Write out the entries exactly. None of the pictures should appear in the copy.

[[ Provided data open ]]

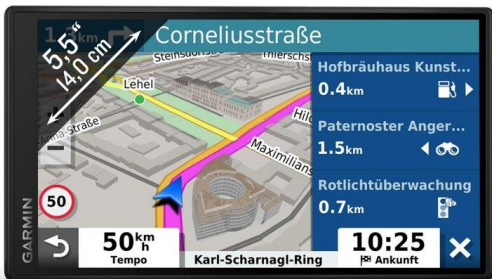

Fahrzeug Navigations - Systeme

Garmin Drive 52 Full EU MT

Technische Daten:

- Display 12.7 cm
- Lifetime Maps (40 EU Länder)
- Tempolimits, Fahrspurassistent
- 3D Darstellung
- TMC (FM) und Digitaler Verkehrsfunk (DAB)

CHF 279.- / Fertig montiert CHF 579.-

Mit Rückfahrkamera fertig montiert CHF 1249.-

Garmin DriveSmart 55 Full EU MT-D

Technische Daten:

- Display 13.9 cm
- Lifetime Maps (40 EU Länder)
- Tempolimits, Fahrspurassistent
- 3D Darstellung, Smartphone Benachrichtigung
- Digitaler Verkehrsfunk (DAB)

Mit Rückfahrkamera fertig montiert CHF 1519.-

Beschreibung

Erhalten Sie aktuelle Benachrichtigungen und Sicherheitshinweise während Ihren Touren mit dem dezl 780 LMT - D. Dieses 7-Zoll Premium LKW-Navi, mit magnetischer Aktivhalterung, bietet Europakarten mit fahrzeugspezifischer Routenberechnung anhand der Abmessungen und dem Gewicht des Fahrzeugs. Die hilfreichen Hinweise zu Streckeneigenschaften informieren Sie vor scharfen Kurven, starken Steigungen oder Gefälle, Brückenhöhen und mehr - während mit integriertem WLAN einfache Updates ermöglicht werden. Wählen Sie aus einer großen Anzahl von LKW POIs, mit Filterfunktionen für persönliche Anforderungen. Erhalten Sie kostenlose Verkehrsinformationen in Echtzeit via DAB oder Smartphone Link App, mit weiteren Diensten, wie Wetter und Smart-Notifications, und nutzen Sie weitere Features wie die Bluetooth Freisprechfunktion, Sprachsteuerung oder die Dispatch und Track Funktion, für den direkten Empfang von Zieladressen auf dem Navigationsgerät und Routenverfolgung in der Browseransicht für Auftraggeber.
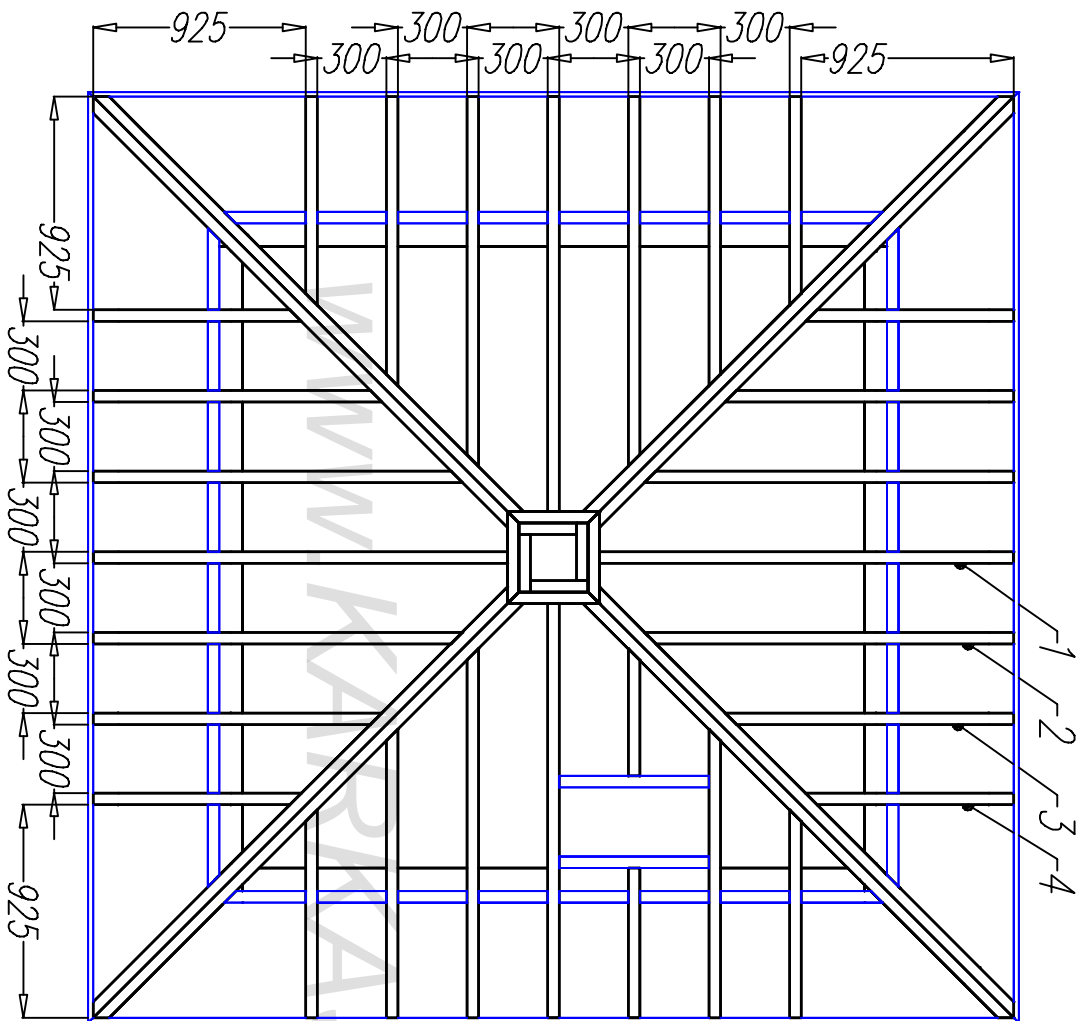

Согласовано

Ив. подл.   Подпись и дата   Возм. инв

Гриль Домик "Самма-8"

Лист   Недек   Подпись   Дата

Стропильная система.

Стадия   Лист   Листов
АС   10   11

-/-

http://www.kalkas-info.ru

[[ Provided data closed ]]

Response for this exercise:
Fahrzeug Navigations - Systeme

Garmin Drive 52 Full EU MT

Technische Daten:

- Display 12.7 cm
- Lifetime Maps (40 EU Länder)
- Tempolimits, Fahrspurassistent
- 3D Darstellung
- TMC (FM) und Digitaler Verkehrsfunk (DAB)

CHF 279.- / Fertig montiert CHF 579.-

Mit Rückfahrkamera fertig montiert CHF 1249.-

Garmin DriveSmart 55 Full EU MT-D

Technische Daten:

- Display 13.9 cm
- Lifetime Maps (40 EU Länder)
- Tempolimits, Fahrspurassistent
- 3D Darstellung, Smartphone Benachrichtigung
- Digitaler Verkehrsfunk (DAB)

Mit Rückfahrkamera fertig montiert CHF 1519.-

Beschreibung

Erhalten Sie aktuelle Benachrichtigungen und Sicherheitshinweise während Ihren Touren mit dem dezl 780 LMT - D. Dieses 7-Zoll Premium LKW-Navi, mit magnetischer Aktivhalterung, bietet Europakarten mit fahrzeugspezifischer Routenberechnung anhand der Abmessungen und dem Gewicht des Fahrzeugs. Die hilfreichen Hinweise zu Streckeneigenschaften informieren Sie vor scharfen Kurven, starken Steigungen oder Gefälle, Brückenhöhen und mehr - während mit integriertem WLAN einfache Updates ermöglicht werden. Wählen Sie aus einer großen Anzahl von LKW POIs, mit Filterfunktionen für persönliche Anforderungen. Erhalten Sie kostenlose Verkehrsinformationen in Echtzeit via DAB oder Smartphone Link App, mit weiteren Diensten, wie Wetter und Smart-Notifications, und nutzen Sie weitere Features wie die Bluetooth Freisprechfunktion, Sprachsteuerung oder die Dispatch und Track Funktion, für den direkten Empfang von Zieladressen auf dem Navigationsgerät und Routenverfolgung in der Browseransicht für Auftraggeber.

Согласовано

Ив. подл.   Подпись и дата   Возм. инв

Гриль Домик "Самма-8"

Лист   Недек   Подпись   Дата

Стропильная система.

Стадия   Лист   Листов
АС   10   11

-/-

http://www.kalkas-info.ru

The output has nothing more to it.